[Saved data entries]
------

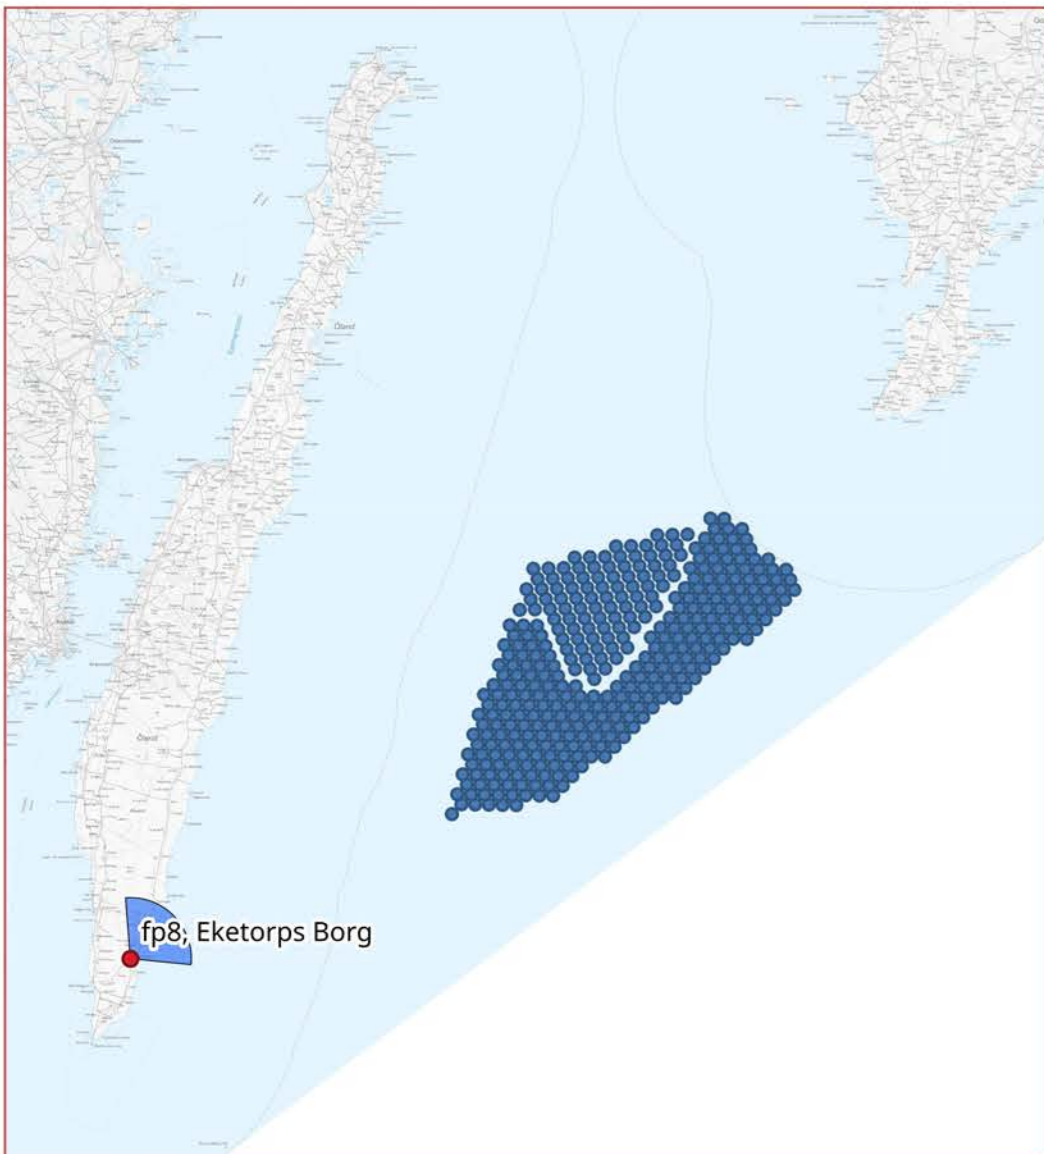

FOTOPUNKT 3, KÅRE HAMN

Symboler som visar vindkraftverkens placering. Avstånd till närmsta vindkraftverk är cirka 37,8 km

FOTOPUNKT 4, KAPELLUDDEN

Siktpunkt (SR99TM):	Ost 612 325 Nord 6 298 743 Höjd 6 m.ö.h.	Fotograferingstid	2021-05-29 14:40
Kamerans höjd:	1,6 m ovan mark	Betraktelseavstånd:	Dubbla avståndet av montagets höjd
Montagets riktning:	100°		
Montagets synfält:	101° x 26°		

Symboler som visar vindkraftverkens placering. Avstånd till närmsta vindkraftverk är cirka 33,2 km

FOTOPUNKT 5, BLÄSINGE HAMN

Symboler som visar vindkraftverkens placering. Avstånd till närmsta vindkraftverk är cirka 33,5 km

FOTOPUNKT 6, SANDBYBORG

Symboler som visar vindkraftverkens placering. Avstånd till närmsta vindkraftverk är cirka 35 km

FOTOPUNKT 7, SEGERSTAD

Symboler som visar vindkraftverkens placering. Avstånd till närmsta vindkraftverk är cirka 40,8 km

FOTOPUNKT 8, EKETORPS BORG

Symboler som visar vindkraftverkens placering. Avstånd till närmsta vindkraftverk är cirka 46,6 km

FOTOPUNKT 9, LÅNGE JAN

Symboler som visar vindkraftverkens placering. Avstånd till närmsta vindkraftverk är cirka 56,2 km
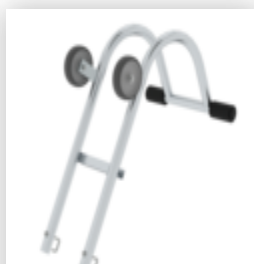

N° de commande: 019211

Plaque de base nivello® pour supports lisses Pour hauteur de montants de 58 / 73 mm

N° de commande: 019842

Support d'espacement mural pour façades isolées

N° de commande: 019100

Support d'espacement mural pour échelles à barreaux

N° de commande: 019114

Support pour gouttière Acier/galvanisé

N° de commande: 019115

Crochet porte-seau pour échelles serties à barreaux et à marches

N° de commande: 019902

Module à marches MaxxStep Longueur 356 mm

N° de commande: 019101

Montant de sortie, coulissant adapté aux échelles coulissantes Montage droit à gauche

N° de commande: 019102

Montant de sortie, coulissant adapté aux échelles coulissantes Montage droit à droite
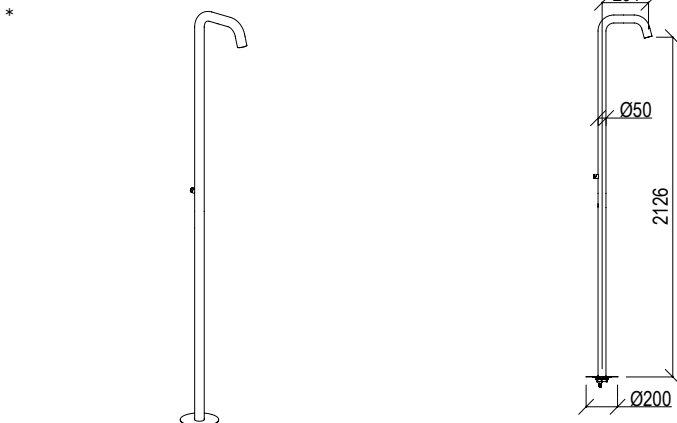

0033504X

- Colonna doccia da pavimento Ø50mm inox 316L
- Mono acqua senza stop "solo erogazione"
- Gancio porta asciugamani
- Blocchetto incasso cod. 0033500X - Necessario **

- *Freestanding shower column Ø50mm inox 316L*
- *Cold water without stop "erogation only"*
- *Towel hook*
- *Built-in part cod. 0033500X - Necessary ***

Cod. 022 021 PVD PVD SPECIAL
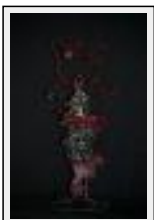

"Chat ..en panthère rose"

Dimensions (HxLxP) : 45x17x17 cm - Poids : 650 g
Style : Art singulier / Tech. : Technique mixte
Thème : Musique / Catégorie : Sculpture
Vendu
Année : 2015
Desc. : avec boîte à musique
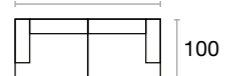

Three Seater
Üçlü Kanepeler
238
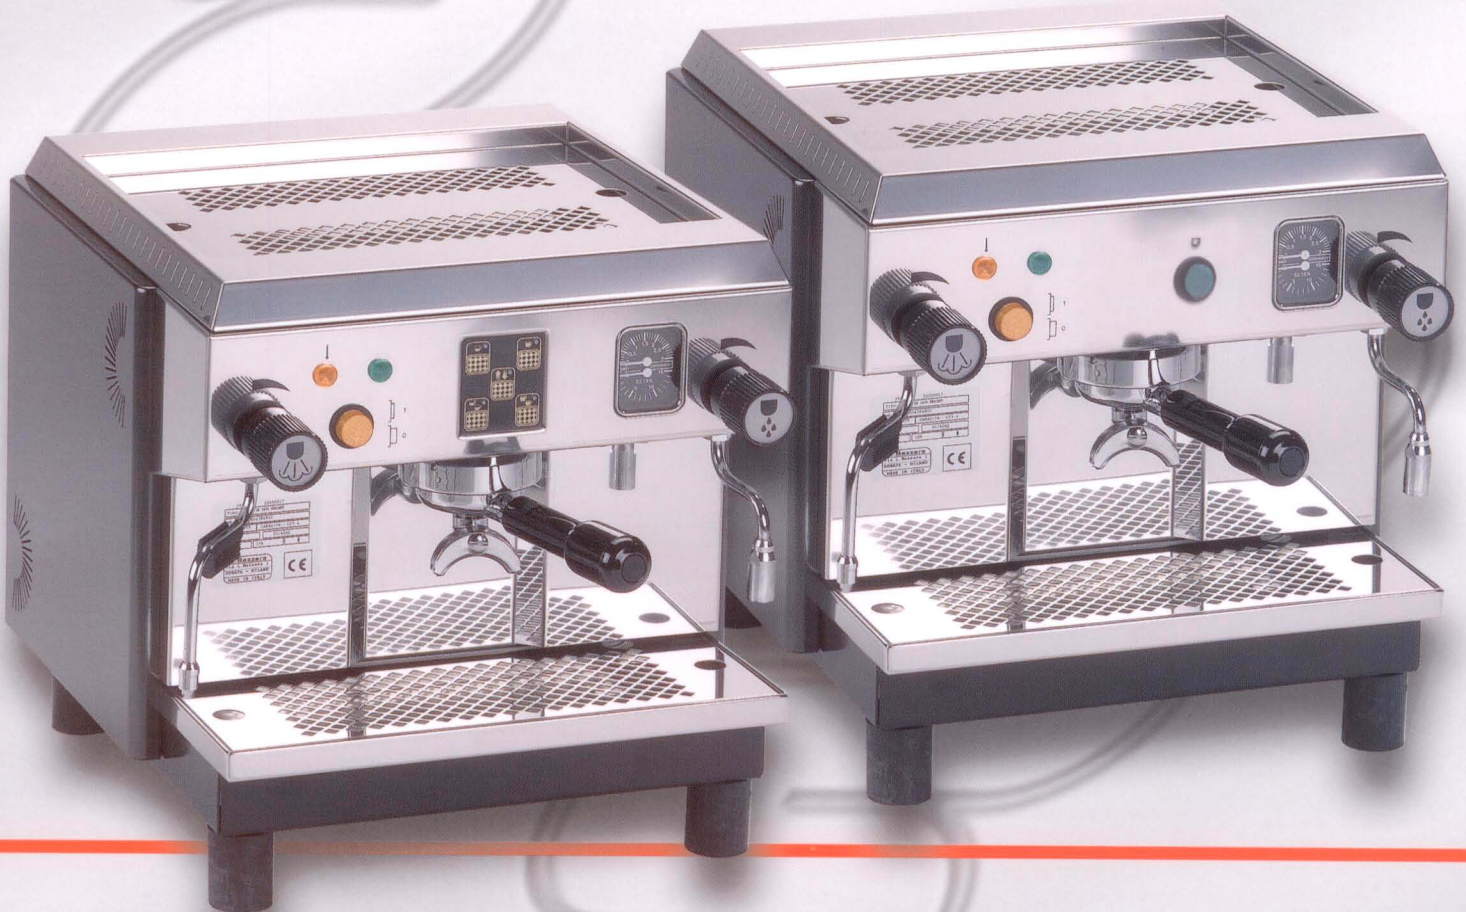

MACCHINA PER CAFFÈ ESPRESSO
MACHINE A CAFE ESPRESSO
ESPRESSO COFFEE MACHINE

BEZZERA
Dal 1901

BZ40DE BZ40PM

*Materiale di prima qualità e tecnologia aggiornatissima. Sicure perchè collaudate e garantite da Bezzera.
Matériel de tout premier choix et technologie d'avant-garde. Machines absolument fiables car soumises à de nombreux essais et garanties par Bezzera.
High-quality materials and advanced technologies. Safe operation because Bezzera tested and guaranteed.*

TENSIONE - POWER - ELECTRICITE - STROM - ELECTRICIDAD		V110-120 / 50-60 Hz
		V220-240 / 50-60 H
RESISTENZA - HEATINGELEMENT - RESISTANCE - WIDERSTAND - RESISTENCIA		W1350 - V110-120
		W2700 - V220-240
CALDAIA - BOILER - CHAUDIERE - KESSEL - CALDERA		3,4 L
LARGHEZZA - WITDH - LARGEUR - BREITE - ANCHO	(A)	400 mm
PROFONDITA' - DEPTH - PROFONDEUR - TIEFE - PROFUNDIDAD	(B)	420 mm
ALTEZZA - HEIGHT - HAUTEUR - HÖHE - ALTURA	(C)	400 mm
GRUPPI - UNITS - GROUPE - GRUPPIG - GRUPOS		1
PESO NETTO - NET WEIGHT - POIDS NET - NETTOGEWICHT - PESO NETO		30 kg
PESO LORDO - GROSS WEIGHT - POIDS BRUT - BRUTTOGEWICHT - PESO BRUTO		33 kg
POTENZA - POWER - PUISSANCE - ENERGIE - POTENCIA		W 1500 - V110-120
		W 2850 - V220-240
RACCORDO CARICO - INLET FITTING - RACCORD CHARGE - WASSERANSCHLUSS - CARGA		G 3/8"
RACCORDO SCARICO - OUTLET - BRANCHEMENT - ZULAUF - DESCARGA		Ø 17 mm
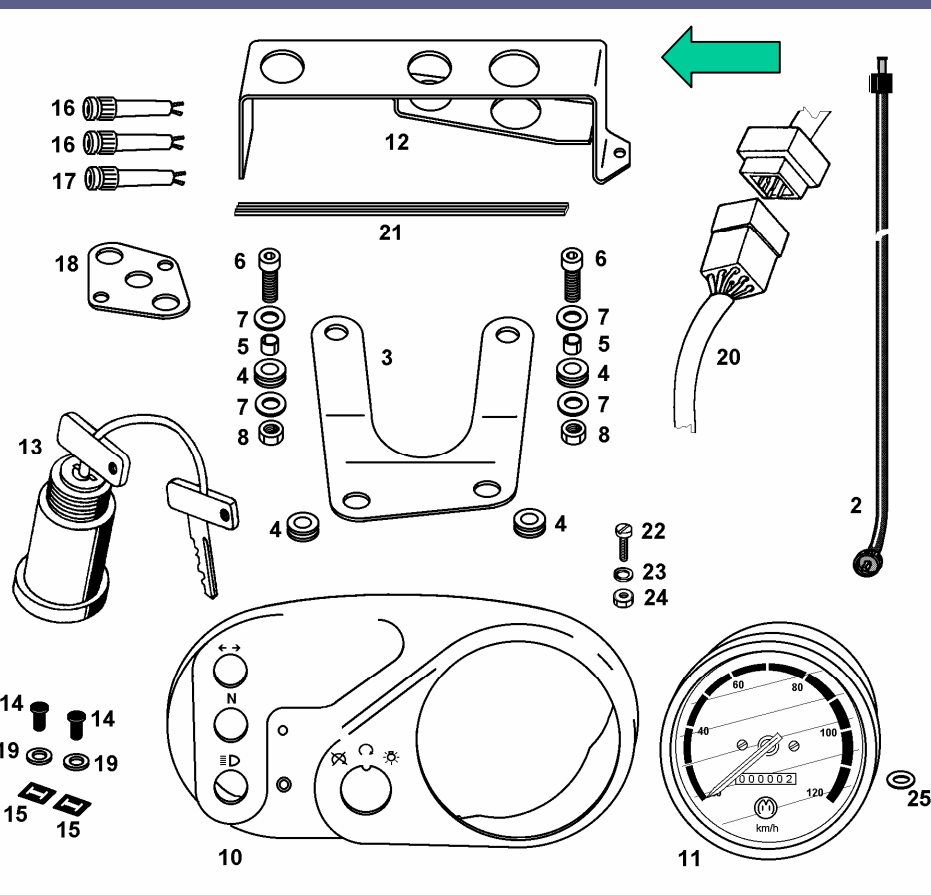

JAWA 125 / 112 S DANDY SPORT

KATALOG NÁHRADNÍCH DÍLŮ - CATALOGUE OF SPARE PARTS

62

1	11262050	1	Přístrojová deska úplná	Dashboard compl.
2	113449940020	1	Náhon tachometru 125	Driving speedometer
3	11262021	1	Nosník	Beam
4	63436831	4	Průchodka	Bushing
5	58540115	2	Vložka	Insert
6	309201140618	2	Šroub M 6x25 ČSN 021101.25	Screw
7	311212610064	4	Podložka 6,4 ČSN 021726.15	Washer
8	311120114060	2	Matice M 6 ČSN 021401.25	Nut
10	11262051	1	Přístrojová deska	Dashboard
11	9949002	1	Rychloměr	Speedometer
12	11262055	1	Třmen svař.	Clip
13	9946606	1	Spínací skříňka	Ignition lock
14	63936116	2	Čep	Pin
15	63436049	2	Pojistka	Safety pin

16 - 25

KONEC - END
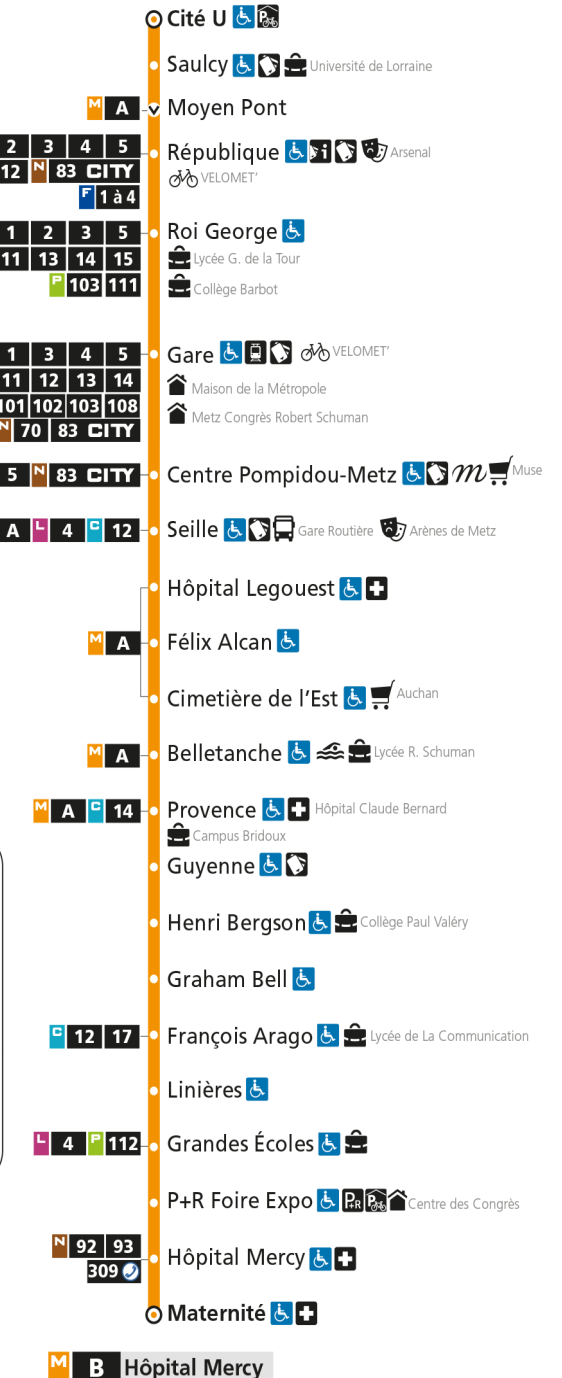

M

B

UNIVERSITE SAULCY

arrêt P+R FOIRE EXPO

Du 30 Août 2021 au 03 Juillet 2022

Du lundi au vendredi - hors jours fériés

4h	5h	6h	7h	8h	9h	10h	11h	12h	13h	14h	15h	16h	17h	18h	19h	20h	21h	22h	23h	00h
	35	06	01	01	01	01	01	01	01	01	01	01	00	01	03	05	00	21	21	22
		19	10	12	11	11	11	11	11	11	11	11	09	12	13	21	22	51	52	
		34	21	22	21	21	21	21	21	21	21	21	19	22	23	39	51			
		44	31	31	31	31	31	31	31	31	32	31	28	31	35					
		53	39	41	41	41	41	41	41	41	42	41	40	44	50					
			50	51	51	51	51	51	51	51	52	50	50	53						

Samedi - hors jours fériés

4h	5h	6h	7h	8h	9h	10h	11h	12h	13h	14h	15h	16h	17h	18h	19h	20h	21h	22h	23h	00h
	46	16	10	10	08	08	08	07	05	08	00	03	06	01	03	09	22	22	22	21
		46	30	30	23	23	23	22	15	18	11	14	17	09	14	24	52	52	51	
			50	50	38	38	38	37	26	29	21	24	27	20	25	39				
				53	53	53	52	36	39	32	35	38	30	39	58					
								47	50	42	46	48	41	54						
								57		53	56		52							

Du lundi au vendredi pendant les petites vacances scolaires - hors jours fériés

4h	5h	6h	7h	8h	9h	10h	11h	12h	13h	14h	15h	16h	17h	18h	19h	20h	21h	22h	23h	00h
	34	05	09	09	08	08	08	08	08	08	08	08	08	08	09	05	21	20	20	22
		18	21	21	20	20	20	20	20	20	20	20	20	20	22	21	50	50	52	
		33	33	32	32	32	32	32	32	32	32	32	32	33	36	38				
		46	45	44	44	44	44	44	44	44	44	44	44	45	50	59				
		58	57	56	56	56	56	56	56	56	56	56	56	57						

Dimanche et jours fériés

4h	5h	6h	7h	8h	9h	10h	11h	12h	13h	14h	15h	16h	17h	18h	19h	20h	21h	22h	23h	00h
	54		17	22	22	22	22	22	22	22	22	22	22	22	22	22	23	23	23	20
			52	52	52	52	52	52	52	52	52	52	52	52	52	52	53	53	53	

M B Université Saulcy

Arrêt accessible aux personnes à mobilité réduite
Espace Mobilité
Point de vente LE MET'
Parking Relais
Parking Vélo LE MET'
Les stations METTIS sont équipées de Distributeurs Automatiques de Titres. Pas de vente à bord.
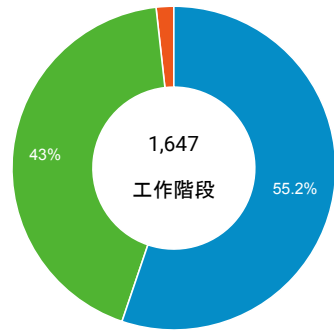

造訪 (依瀏覽器分組)

造訪和新造訪率 (依行動裝置資訊分組)

造訪 (依裝置類別分組)

■ desktop ■ mobile ■ tablet

造訪 (依語言分組)

| 語言 | 工作階段 |
|-------|-------|
| zh-tw | 1,471 |
| en-us | 104 |
| zh-cn | 41 |
| en-gb | 10 |
| ja-jp | 6 |
| ja | 3 |
| ko-kr | 3 |
| zh-hk | 2 |
| c | 1 |
| en | 1 |

------

Pictures must be left out. Repeat exactly the lines from the one containing "M B Université Saulcy" through the final line of the data.

M B Université Saulcy

Arrêt accessible aux personnes à mobilité réduite
Espace Mobilité
Point de vente LE MET'
Parking Relais
Parking Vélo LE MET'
Les stations METTIS sont équipées de Distributeurs Automatiques de Titres. Pas de vente à bord.

造訪 (依瀏覽器分組)

造訪和新造訪率 (依行動裝置資訊分組)

造訪 (依裝置類別分組)

■ desktop ■ mobile ■ tablet

造訪 (依語言分組)

| 語言 | 工作階段 |
|-------|-------|
| zh-tw | 1,471 |
| en-us | 104 |
| zh-cn | 41 |
| en-gb | 10 |
| ja-jp | 6 |
| ja | 3 |
| ko-kr | 3 |
| zh-hk | 2 |
| c | 1 |
| en | 1 |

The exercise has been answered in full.